If you think about the nature of many business services passing full documents around actually is not that necessary at all. Many services just pass some query criteria and get a list of elements. If only the response data elements could be pushed by the server as they are generated and clients could consume them as they receive those elements, the perceived latency would be reduced dramatically. Just as in media streaming, business data elements would behave like a stream that flows back to the client and the client wouldn’t have to wait for the whole service data transfer to be complete. Notice that this is different than just a client side asynchronous service call because it doesn’t just run the service call in a background thread and notify when the full response is available. It actually let’s you start consuming the results even if the whole response is not received, and perhaps even if the server side processing is not complete. This idea actually has other implied benefits that are not obvious at first sight:

  • Clients get quick response and start consuming the results almost at the same time as service processing starts.
  • Clients can cancel an operation in the middle, and let server resources free earlier.
  • Server resources are used only as requested, rather than always requiring large atomic transactions at every single call.
  • If back-end services called also behave the same way, latencies are increased by only the processing time for a single element, not for the whole data.
  • Multiple levels of service reuse become feasible as latencies are affected minimally.
  • When back-end transactions are initiated based on a decision or previous data, cancelling an operation saves a lot of back-end resources too. (Of course this is just an idealization. In reality there is usually a transfer buffer that introduces some latency which is still much less than the full response time of a service).
  • Since response time is low, and cancellation is possible, it becomes feasible to run business logic queries that rely on back-end calls.
  • Since processing time for many calls become shorter, throughput may increase proportionally.
  • If the same async design is used for request data (list of input elements), then the service could start processing as soon as it receives the first elements from the client.
  • Incoming stream of elements are much more easily parallelizable using something like the software pipeline approach.
  • Even when there seems to be not sufficient requests to justify a software pipeline approach, splitting data into elements or smaller units of work creates an opportunity for better parallelism, thus feeding a pipeline better.

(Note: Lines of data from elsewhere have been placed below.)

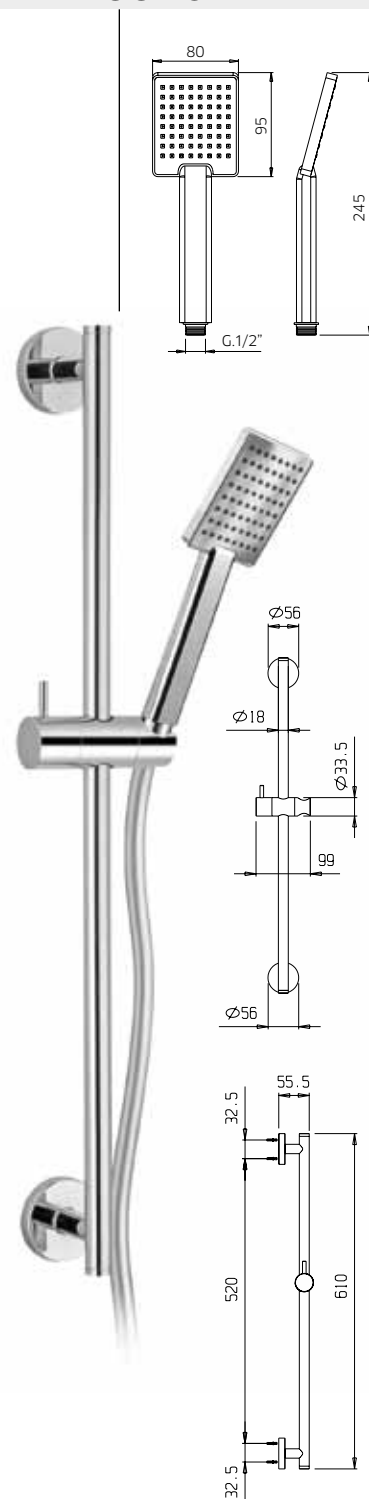

10 €88,50 10G €91,50 ■ box = 5 pz

**992091**

**9920G9**

**9920H0**

**9920H1**

**9920H2**

**9920B5**

Asta per doccia in ottone, Ø 18mm, con supporto doccia orientabile in abs, flessibile doppia aggraffatura 1,5m e doccetta 3 getti in abs.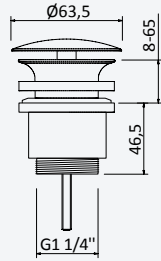

Push-open waste set 1 1/4" with or without overflow

Bonde de vidage à système "clic-clac" 1 1/4" avec ou sans trop-plein

Chrome • Chromé	150 590 2CR
Satinox	150 590 2ST
Night Sky	150 590 2NS
Pure White	150 590 2PW
Morning Mist	150 590 2MM
Gunmetal	150 590 2MG
Sunrise	150 590 2SR
Sunset	150 590 2SS
Old Brass • Vieux Laiton	150 590 2LE
Gold 24kt • Or 24kt	150 590 2OR
Gunmetal PVD	150 590 2GM
Sunrise PVD	150 590 2PR
Sunset PVD	150 590 2PS
Gold PVD	150 590 2PO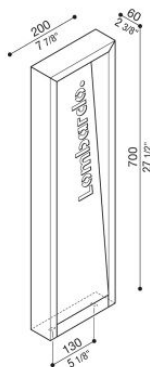

Arke Full 700 Code

LL14122L3

Lombardo.

Informazioni tecniche:

Installazione:	Terra, Paletto/bollard terra
Materiale Corpo:	Alluminio
Finitura:	Light Grey RAL 7044
Trattamento:	Bordo Mare
Tipo di diffusore:	Vetro trasparente
Tipo lampada:	LED
Temperatura colore:	3000K
CRI:	>90
LB Factor:	L80B20 - 50.000h
Step MacAdam:	3
Rischio fotobiologico:	RG1
Potenza assorbita Watt:	6,5
Lumen:	570
Real Lumen:	350
Alimentazione:	☑️ integrata
LED:	AC DIRECT
Classe di isolamento:	⊖ CL.I
Grado di protezione:	IP 66
Resistenza alla rottura:	IK 06 1J xx3
Marchi di Conformità:	CE UK
Dimmerazione	Taglio di fase

Cover interna personalizzabile.

Arke Full 700 Code

Lombardo.

LL14122L3

Immagini di montaggio:

Lombardo S.r.l.

Via Pizzigoni 3, Villongo (BG) - 24060 - Italy - T 0039 035 939 411 - E info@lombardo.it

lombardo.it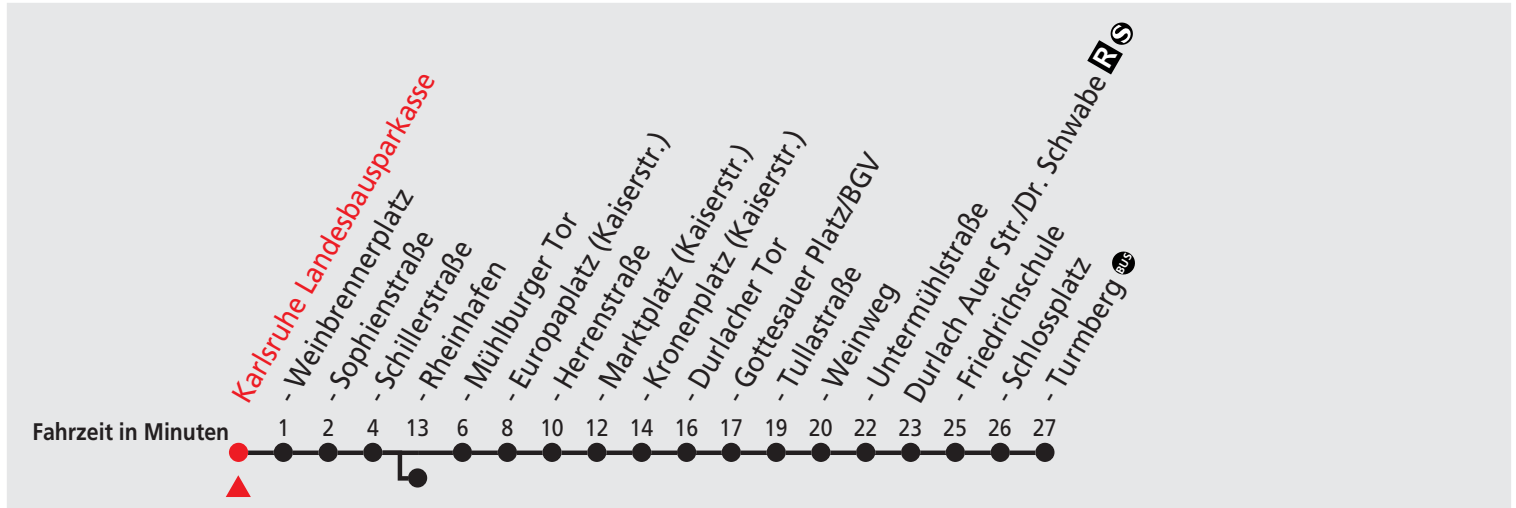

Oberreut - Hardecksiedlung - Europahalle/-bad - Schillerstraße -
Europaplatz - Marktplatz - Durlacher Tor - Tullastraße - Durlach

Gültig vom 09.12.2007 bis 14.06.2008

Am 24. und 31.12. Verkehr wie samstags

Montag - Freitag								Samstag					Sonn- und Feiertag					
0	18	38	58					0	18	38 _A				0	18	38 _A		
1	18 _B							1	08 _A	18 _B	38 _A			1	08 _A	18 _B	38 _A	
								2	08 _A	38 _A				2	08 _A	38 _A		
								3	08 _A	38 _A				3	08 _A	38 _A		
4	58 _A							4	08 _A	38 _A				4	08 _A	38 _A		
5	21	36	46	56				5	08 _A	38 _A				5	08 _A	38 _A		
6	06	16	26	36	46	56		6	08 _A	38 _A				6	08 _A	38 _A		
7	06	16	26	36	46	56		7	08	38	58			7	08 _A	38 _A		
8	06	16	26	36	46	56		8	18	38	58			8	08 _A	38 _A		
9	06	16	26	36	46	56		9	18	26	36	46	56	9	08	38	58	
10	06	16	26	36	46	56		10	06	16	26	36	46	56	10	18	38	58
11	06	16	26	36	46	56		11	06	16	26	36	46	56	11	18	38	58
12	06	16	26	36	46	56		12	06	16	26	36	46	56	12	18	38	58
13	06	16	26	36	46	56		13	06	16	26	36	46	56	13	18	38	58
14	06	16	26	36	46	56		14	06	16	26	36	46	56	14	18	38	58
15	06	16	26	36	46	56		15	06	16	26	36	46	56	15	18	38	58
16	06	16	26	36	46	56		16	06	18	28 _B	38	48 _B	58	16	18	38	58
17	06	16	26	36	46	56		17	18	38	58			17	18	38	58	
18	06	16	26	36	46	56		18	18	38	58			18	18	38	58	
19	06	16	26	36	46	56		19	18	38	58			19	18	38	58	
20	06	08 _B	18	28 _B	38	48 _B	58	20	18	38	58			20	18	38	58	
21	18	38	58					21	18	38	58			21	18	38	58	
22	18	38	58					22	18	38	58			22	18	38	58	
23	18	38	58					23	18	38	58			23	18	38	58	

A endet in Karlsruhe Durlacher Tor; weiter als 4 Richtung Waldstadt

B endet in Karlsruhe Rheinhafen

This list can go on and on as we start thinking about the possibilities that are opened up. What about disadvantages?

  • When a client’s consumption rate (not just data reception) is slower than the service, the service connection will have to be kept open until the client decides to give up. The usual web services do not leave this kind of decision to the clients, which make them immune to this issue. But for such streaming services, it’s a weakness that is easy to abuse. Setting reasonable timeouts and consumption rate requirements for the service could provide some defense against such abuse. Remember that buffered services could also be abused in different ways.
  • If the service is connecting to a database and implementing a similar asynchronous processing pattern, then the database connection will also be kept open until the client(s) are done processing. This may reduce database scalability. To address this issue, database access could be executed in the background within the service, buffered in the memory and but pushed to the client as results become available.
  • Today’s message based web services security work on the full request/reply document. With streaming services, this is not possible due to the nature of partial data that flows through each node of processing. A new approach is needed. One solution is to create chunks of data that are separately signed/encrypted. Another solution could be just signing the header of a stream of elements and encrypt the rest using a session key passed in the header.
  • Intermediaries that do not acknowledge the nature of such streaming services could cause buffering of data and kill the advantage altogether. All intermediaries have to be also designed to allow flow of partial data rather than relying on full message content.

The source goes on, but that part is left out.